You react to how major newspapers categorize the market or the economy. By the time mainstream America thinks something is going to happen, it has long been priced into the market. For example, take the ‘recession’ that America supposedly went into the first quarter of 2008. By mid-March, when it was all over the news, the market had hit bottom. If you had sold out then, you would have missed out on an almost 8% up move in the market. 

3. Buying an asset class you are unfamiliar with. Many people got into real estate in 2005 and 2006 because of the amazing returns they heard other people got from flipping houses. These people were unfamiliar with the asset class, but got into it because other people were doing it. Now, in my opinion, many people are doing this with commodities, including energy ETFs.  In the late 90’s, many people were buying tech stocks even though they had no idea what the company really did or how it would ever be profitable.

April 20, 2008

Stock Market Crisis, 2008

Filed under: Uncategorized — admin @ 5:37 pm

The US housing market bubble has produced the present US financial crisis, affecting especially the stock market. This time, the crisis is believed to be the worst ever from other such crisis occurred since the World War II era. According to the financial experts, this crisis now marks an “end of an era of credit expansion based on the dollar as the international reserve currency”, which has lasted for over 60 years now.

The other financial crisis comprised of the nature of boom-bust processes. The boom-bust process usually center around credit and involves a misconception. This time, the easy credit generated demand that pushed up the value of the property beyond reasonable levels. People, armed with easy credit facilities, bought houses expecting that they could refinance their mortgage at a profit. This misconception, in turn, started a bubble.

The financial authorities stepped in every time the credit expansion ran into trouble. They threw in liquidity and attempted to stimulate the economy by expecting general public to believe that the financial problem has been solved effectively!

Also, globalization during the past decade allowed the United States to consume more than it produced by importing more goods. Thus, the US current account deficit reached a whooping 6.2 per cent of gross national product (GNP) in the year 2006. During the entire duration since globalization, the US financial institutions encouraged the US consumers to buy beyond their means through easier borrowings on generous terms. The regulations on financial aspects became nonexistent in recent years. Thus, a super-boom was created, leading to today’s financial crisis. The stock market is showing every sign of an economic slowdown and a looming recession.

The super-boom went out of control leading to a crisis, because the financial authorities were unable to calculate the risks and more-or-less, relied on the banks’ risk management methods. Many other factors plunged the US economy and the stock markets into deeper troubles.

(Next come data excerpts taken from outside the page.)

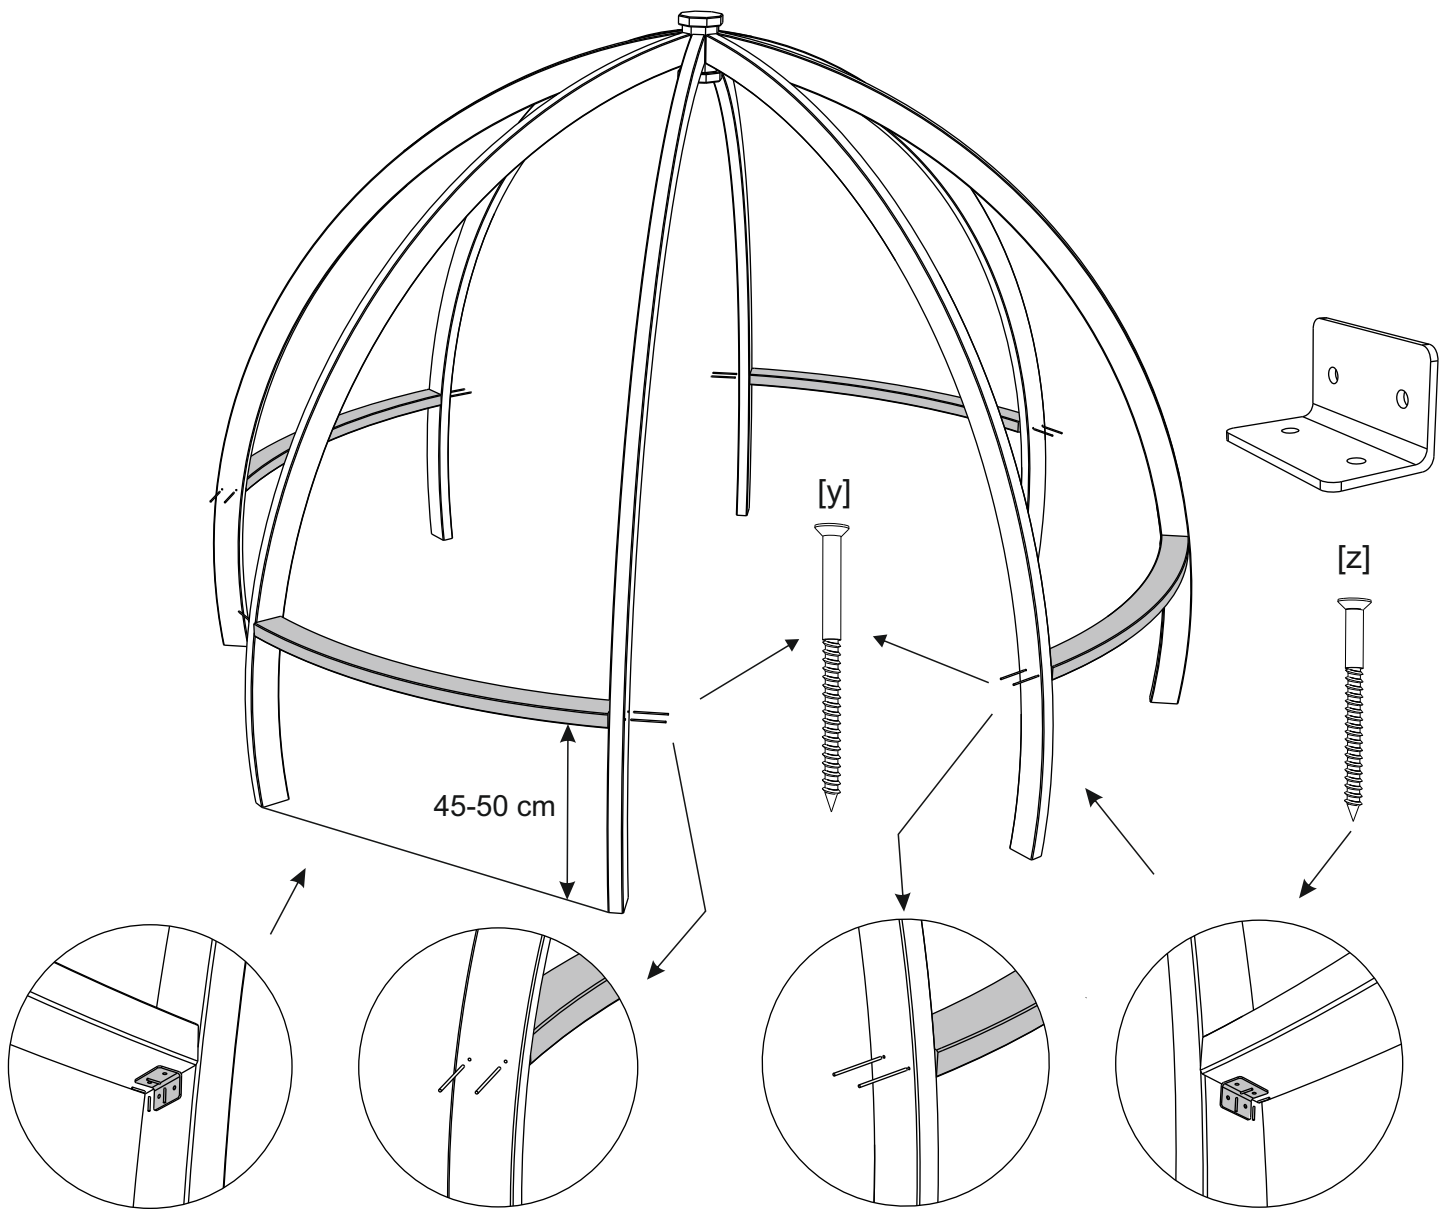

APOLLO PERGOLA

APOLPERG 261cm [H] x 347cm [DIA]
222200A001OMBZ01C1

Recommended tools (not included)

drill or screwdriver

(A) 3 part centre block assembly **A**

(B) Final x1

(C) Leg sections x8

(D) Upper leg brace x4

(E) Lower leg brace x4

Hardware pack

[x]

Screw
14 cm
x8

[y]

Screw
10 cm
x40

[z]

Screw
4 cm
x32

Right angle
bracketed

x8

PLAN

FOOTPRINT

1

**AFTERCARE**

To ensure longevity of your structure it is recommended that it is treated with a wood preservative on a yearly basis.

Your item is ready!
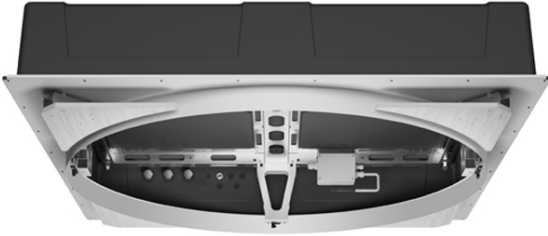

SKU: 41610979

Dornbracht

Specifications Currently Unavailable

-
RAINMOON Concealed rain panel
Article number: 35 610 970-90 0010

- Rough parts

1 rain panel ceiling installation housing

- Ceiling installation bracket: 53.1" x 53.1" x 11"
- 2 x supply lines, 3/4"-14 NPT (mixed water), NPS 1/2"
- 1 x connector, 110-230 V AC power supply
- Ceiling panel cut-out, Ø 50.4"

All dimensions in mm / inch = mm x 0,0394

27 812 660 Product version from 9/1/2025

Fits: TARA, VAIA, META

- COMPACT RAIN, flow rate max. 1.8 gpm (at 3 bar)
- Function from: 1.3 gpm
- Internal back flow preventer
- Descaling system
- Metal shower hose 49-1/4" with anti-twist device
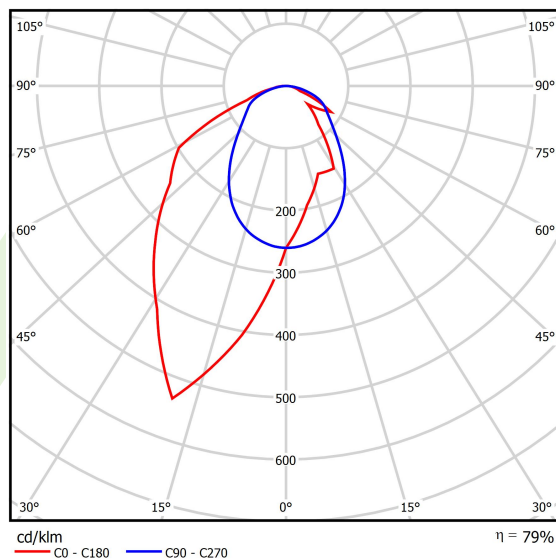

Mechanical data

Assembly	surface mounted on slings
Material	aluminum
Color	RAL 9016 (white)
Diffuser	OPTICS (optical system based on lenses)
Impact resistant	IK04
Dimensions [mm]	1144 x 48 x 70

A graph of light
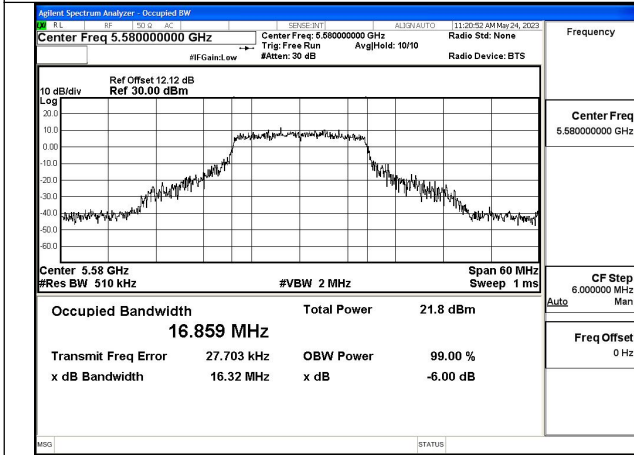

Test Mode: 802.11a

Mode:802.11a Frequency:5500MHz Ant:Chain0

Mode:802.11a Frequency:5580MHz Ant:Chain0

Mode:802.11a Frequency:5700MHz Ant:Chain0

Mode:802.11a Frequency:5500MHz Ant:Chain1

Mode:802.11a Frequency:5580MHz Ant:Chain1
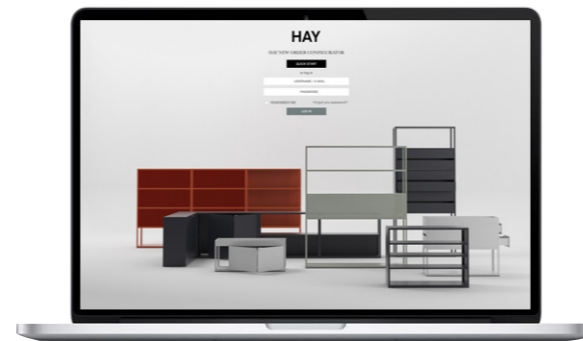

HIGH TABLE
L150 x W100 x H105 cm

HIGH TABLE
L200 x W75 x H105 cm

HIGH TABLE
L200 x W100 x H105 cm

COLOURS & MATERIALS

SHELVING SYSTEM & TABLE FRAME

Powder-coated aluminium & steel

TABLETOPS

Linoleum

Veneer

WOODEN PANELS AND DOORS

Veneer

TEXTILE PANELS, TABLE SCREENS AND BENCHTOP

All textile colours available from each of the selected collections

NEW ORDER TOOLS

New Order Support

New Order Configurator

Guide to Configurator

Downloads

Pricelist

HAY Contract Catalogue

COMMUNICATION PLATFORMS

hay.com

hayb2b.com

Image Bank
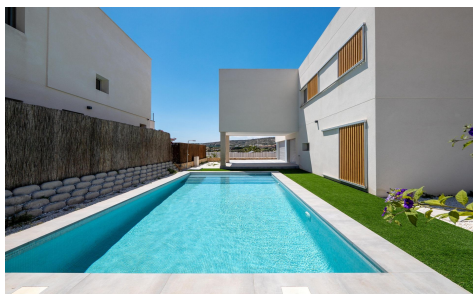

JL22896H

MODERN DESIGN VILLA WITH GOLF VIEWS €669,000

4

3

235m²

420m²

The crisis began with the subprime mortgages and spread to collateralized debt obligations, this in turn endangered municipal and mortgage insurance and reinsurance companies, and threatened to unravel the multi-trillion-dollar credit market.

Investment banks’ commitments to leveraged buyouts became liabilities. Market-neutral hedge funds turned out not to be market-neutral and had to be unwound. The terminal blow came when interbank lending, which is the heart of the financial system, was disrupted. The central banks had to put in an unexampled amount of money and extend credit. That made the crisis graver than any since the World War II.

The power of the financial authorities to energize the economy is constrained by the unwillingness of the rest of the world to amass additional dollar reserves. Until recently, investors were trusting that the US Federal Reserve would do whatsoever it needs to do to avoid a recession, since that is what it exercised on past occasions. Now they’ll have to realize that the Fed may no more is in a position to do so. With oil, food and other commodities, the Fed also is concerned of inflation.

It seems that the pivotal role played by the United States stock markets for over 5 decades is being severely challenged by some of the growing Asian economies, especially China, and will take many years for the United States to get back on top.